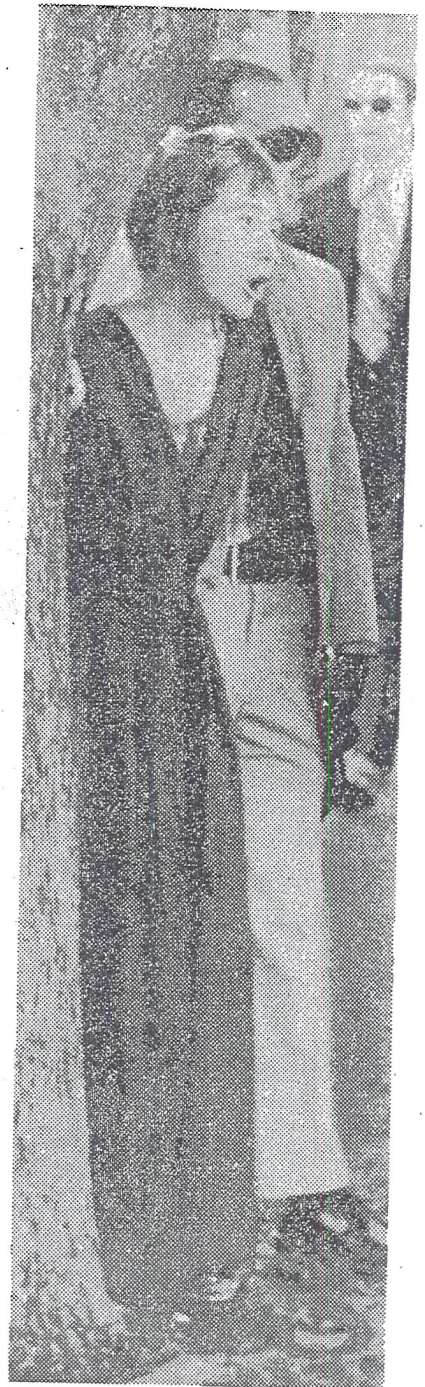

A Gun In Ford's Path

For President Ford, it began as a short, happy walk yesterday from his hotel in Sacramento to the state Capitol. These pictures show that pleasant beginning, the terrifying incident that seemed to threaten the President, and the aftermath — the arrest of a fanatical woman follower of Charles Manson.

UPI Telephoto

Then a TV picture showed President Ford ducking as he became aware of the woman with the gun

A Secret Service agent led the suspect to a police car

AP Wirephoto

Secret Service agents fastened handcuffs on Lynette Fromme

AP Wirephoto

AP Wirephoto
Suspect faced officers

President Ford waved to well-wishers gathered outside the Senator Hotel as he left for the Capitol

Passing through the park on the way to the Capitol Mr. Ford paused to shake hands
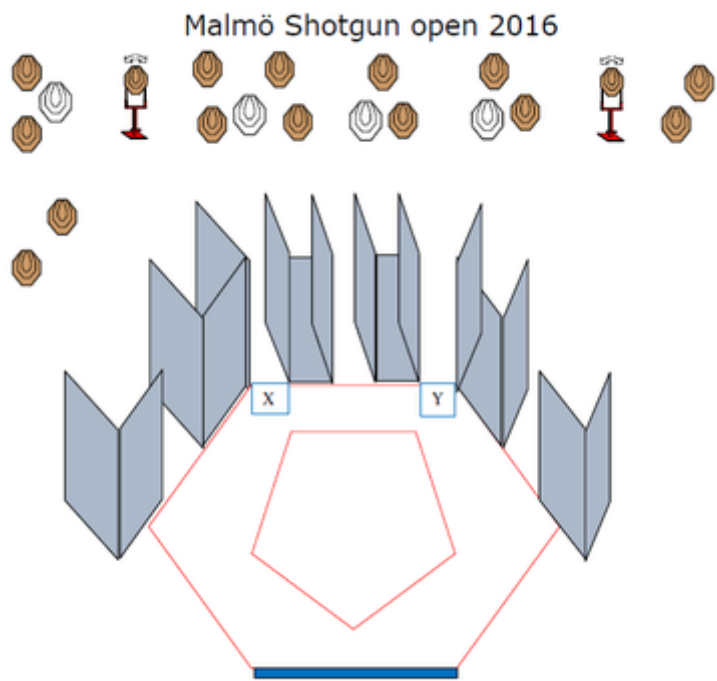

10. 200m

CoF	Comstock - Medium	Points	80 p
Targets	16 paper, 4 no-shoot, Total 16 targets	Min rounds	16
Firearm	Shotgun	Match-%	8.08%

Procedure	
Starting position	Option 1
Firearm ready condition	
Start on	Audible signal
Stop on	Last shot
Penalties	As per current edition of rules
Safety angles	L/R
Setup notes
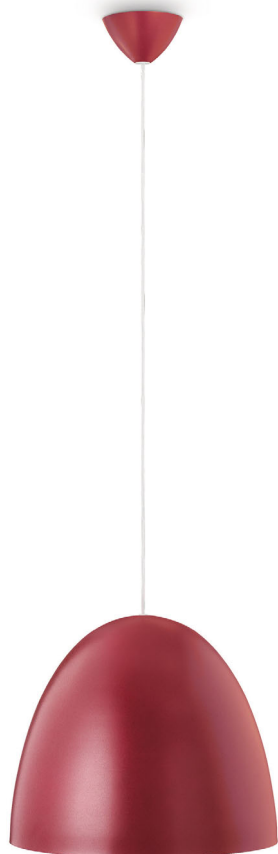

Preliminary

Philips myLiving
Suspension light

Hever
red

myLiving

40617/57/16

Decorate your home with light

Philips myLiving's dome-shaped Hever pendant gives any living room a modern touch. The red metal shade brings a warm diffused light to a round of coffee with friends. Enjoy this playful and energy saving light.

Sustainable light solutions

- Energy saving
- Warm white light
- Always a Philips bulb included
- Adjustable light intensity with dimmer switch

Special characteristics

- Adjustable height at installation

PHILIPS

Suspension light
Hever red

Repere

Warm white light

Light can have different color temperatures, indicated in units called Kelvin (K). Lamps with a low Kelvin value produce a warm, more cosy light, while those with a higher Kelvin value produce a cool, more energising light. This Philips lamp offers warm white light for a cosy atmosphere.

Design and finishing

- Material: metal
- Color: red

Extra feature/accessory incl.

- Dimmable: YES
- Halogen lamp(s) included: YES
- Adjustable Height-only first installation: YES

Product dimensions & weight

AIM OF THE EXERCISE>
Report the tally of lines in the material holding "Capitol", and add nothing to it.

ANSWER TO THE EXERCISE>
3